It was a perfect summer in southern Michigan. The kind where it's always warm and everything smells like sunscreen. I should have been outside with the other kids, enjoying the cloudless sky before the cool Autumn breeze set in, but instead, I was in my room reading books on my own and teaching myself how to sew.

I didn't know why, but I felt severely lonely. There was a weight in my chest like my lungs were filled with liquid lead. My heart didn't feel like a fully functioning heart, it felt like dead weight. Any time I tried to move or do anything, I felt like I was moving through water. Everything was a chore.

I hated this feeling. I knew I wasn't sick because I didn't have a fever, so I had no clue what was wrong with me. I didn't think anyone had ever felt like this before and that made me feel so alone. I hated myself for feeling these things. I couldn't imagine spending the rest of my life like this.

In response to these feelings, I thought seriously about killing myself. I thought that if no one could relate or loved me here on earth, that surely there would be someone who could in the afterlife.

This burden of carrying myself around and carrying these thoughts around became too much for me. I knew I had to tell someone, so I went to two people that I could trust. One of my best friends, N, and my twin sister, C.

When I told them how I had been feeling, I just needed them to reach out to me. I needed them to tell me they knew how I felt or that they loved me and their lives would be emptier without me in them. This was not the case.

They recoiled away from me. I was an alien. No, not an alien. A creature. I was a disgusting creature that they couldn't quite figure out.

I would have waited for them to say something, but their silence said it all. I went to my room.
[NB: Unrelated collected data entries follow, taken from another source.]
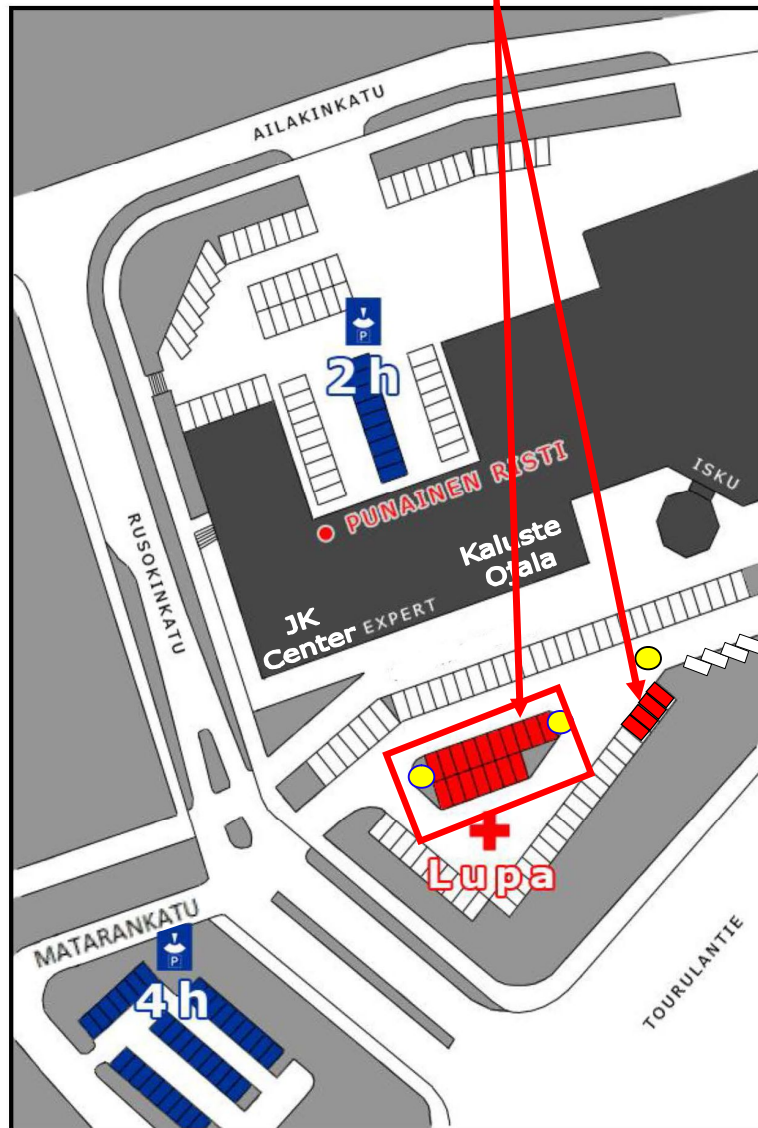

SPR:n asiakaspysäköinti

Pysäköinti sallittu punaisella
merkityillä alueilla SPR:n P-lupalapulla

 = valotolppa

Punainen Risti 

Punainen Risti 

Tourulan liikekeskus Ailakinkatu 5

P-lupa

**SPR:n
asiakaspysäköinnille**

Ensiapukurssi EA 2® (16t)

Voimassa

18.-19.04.2018

klo 08.00-16.30

saakka

Huom! Katsoithan tarkasti mihin autosi pysäköit.
Olet itse vastuussa omasta pysäköinnistäsi.
Emme maksa kenenkään pysäköintivirhemaksuja.

When my mom got home from work she called me downstairs. There was anger in her voice as she said, "Did you tell N and C that you want to kill yourself?" I looked at them sitting on the couch. I didn't ask for this. The last thing I wanted was a scene. I only wanted to know that I was loved. At this moment though, I was betrayed.
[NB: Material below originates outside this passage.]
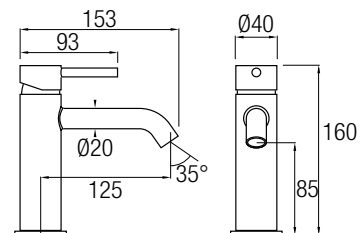

GRIFO LAVABO

Grifería Monomando
Blanco mate
Aireador

That evening, my mom struck fear into me. She told me that people who want to kill themselves get locked away. They aren't allowed to have any books or toys, and they aren't allowed to see their families. Every time she added on a new "scare tactic" she would then ask me if I still wanted to kill myself. I kept answering, "yes", because I didn't want to lie.

Eventually, my mom took me into my bedroom and made me pack a bag. No toys or books, only clothes. When I came downstairs she forced me to say goodbye to all of my sisters and then she put me in the car. She made me think that I would never see my family again. She made me feel like I was crazy and I couldn't be around other people, like I truly deserved to be locked up.

When we started driving out of the neighborhood, she ended up pulling into the parking lot of our subdivision's pool. I sat there, crying, terrified that I would never be able to see my sisters again. My mom explained to me that if I wanted to kill myself I would have to go away. Scared, I told her that I didn't want to kill myself anymore, not because I really meant it, but because I wanted to be there when my big sister got married, or when my twin sister and I graduated high school, or when my little sister learned to ride a bike. Those moments were more important to me than getting locked up.

But hindsight is 20/20 and I know now that I could have been there for all of those moments and that I wouldn't have gotten locked away. I know that being suicidal does not mean that you are not equipped to live in the real world, and I know that if I had gotten the help I needed on that day, it would have made the years to follow a lot more easy to deal with.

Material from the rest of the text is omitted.